DATA RECORDS ::
-- Opening Marker --

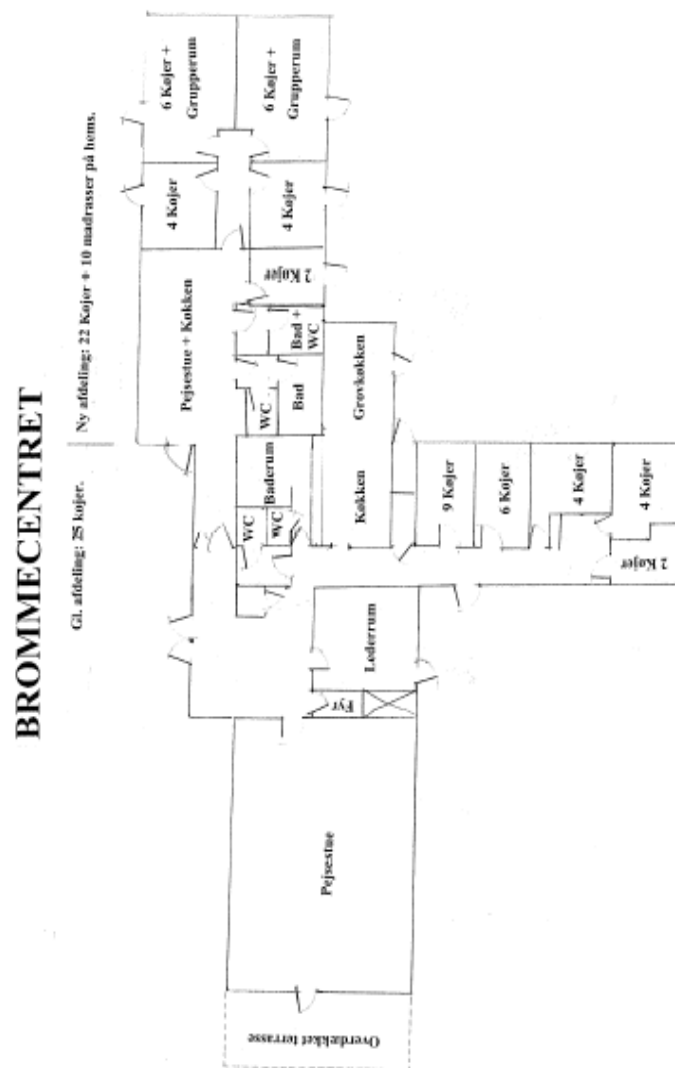

BROMMECENTRET

Lejre – Lejrskoler – Kurser

Brommecentret er en selvejende institution, oprettet af KFUM-spejderne i Vestsjællands, Roskilde og Storstrøms amter. Centret er opført i 1961 og udvidet i 1985. I 2003 er der lavet en tilbygning til køkkenet. Centret består nu af et hus på 383 m². Centret kan fungere som en helhed - eller som 2 selvstændige afdelinger.

Til centret hører 40.000 kvm. med lejrpladser og beplantning. Der er en dejlig bålplads. Der er rafter til lejrindretning. Centrets nærmeste nabo er Bromme Plantage.

I kan leje hele centret eller den gamle afdeling for sig.

Den gamle afdeling rummer:

Opholdsstue 79 m². Lederrum 10 m².
Køkken med køleskab, fryser og 2 komfurer.
Service til 60 personer.
Grovkøkken med opvaskemaskine.
Soverum med 9, 6, 4, 4, og 2 køjer.
Baderum med 2 brusere, 4 håndvaske og toilet.
Seperat toilet med håndvask.
Opvarmning med olie og el. Pejse i opholdsstue og lederrum.

Den nye afdeling rummer:

Opholdsstue 30 m².
2 Gruppe-/køjerum med hver 6 køjer. Køjerum med 4, 4 og 2 køjer.
Hems med 10 madrasser.
Baderum med 2 brusere og toilet. Handicaptilet med brusere.
Opvarmning med el. Brændeovn i opholdsstue.

Centret er velegnet til lejre, lejrskoler og kurser.

Private kan leje centret, men kun hele centret.

Der er 10 minutters gang til busforbindelse til Sorø.

BROMMECENTRET

Lejre - Lejrskoler – Kurser

Adresse: Brommecentret
Bromme Østermark 28
4190 Munke Bjergby

Beliggenhed: 8 km nordvest for Sorø ved Bromme Plantage.

Kørselsvejledning: Fra Sorø køres mod nord (Holbæk). Umiddelbart efter motorvejen drejes til venstre mod Kalundborg. Når I er kommet gennem Bromme Plantage drejes til højre ad første sidevej. Følg skiltene med teksten ”Brommecentret”.

Priser år 2019: Hele centret
Pr. døgn 2800 kr.
Lang weekend 6700 kr.
Kort weekend 5600 kr.

Gl. afdeling
Pr. døgn 1750 kr.
Lang weekend 4200 kr.
Kort weekend 3500 kr.

Alle priser er incl. el og varme.

-- Closing Marker --

PROBLEM REQUIREMENTS :: Each line from the one that includes "Den nye afdeling" down to the close of the records above is to be given again exactly, and no other line is to appear.

EXPECTED ANSWER ::
Den nye afdeling rummer:

Opholdsstue 30 m².
2 Gruppe-/køjerum med hver 6 køjer. Køjerum med 4, 4 og 2 køjer.
Hems med 10 madrasser.
Baderum med 2 brusere og toilet. Handicaptilet med brusere.
Opvarmning med el. Brændeovn i opholdsstue.

Centret er velegnet til lejre, lejrskoler og kurser.

Private kan leje centret, men kun hele centret.

Der er 10 minutters gang til busforbindelse til Sorø.

BROMMECENTRET

Lejre - Lejrskoler – Kurser

Adresse: Brommecentret
Bromme Østermark 28
4190 Munke Bjergby

Beliggenhed: 8 km nordvest for Sorø ved Bromme Plantage.

Kørselsvejledning: Fra Sorø køres mod nord (Holbæk). Umiddelbart efter motorvejen drejes til venstre mod Kalundborg. Når I er kommet gennem Bromme Plantage drejes til højre ad første sidevej. Følg skiltene med teksten ”Brommecentret”.

Priser år 2019: Hele centret
Pr. døgn 2800 kr.
Lang weekend 6700 kr.
Kort weekend 5600 kr.

Gl. afdeling
Pr. døgn 1750 kr.
Lang weekend 4200 kr.
Kort weekend 3500 kr.

Alle priser er incl. el og varme.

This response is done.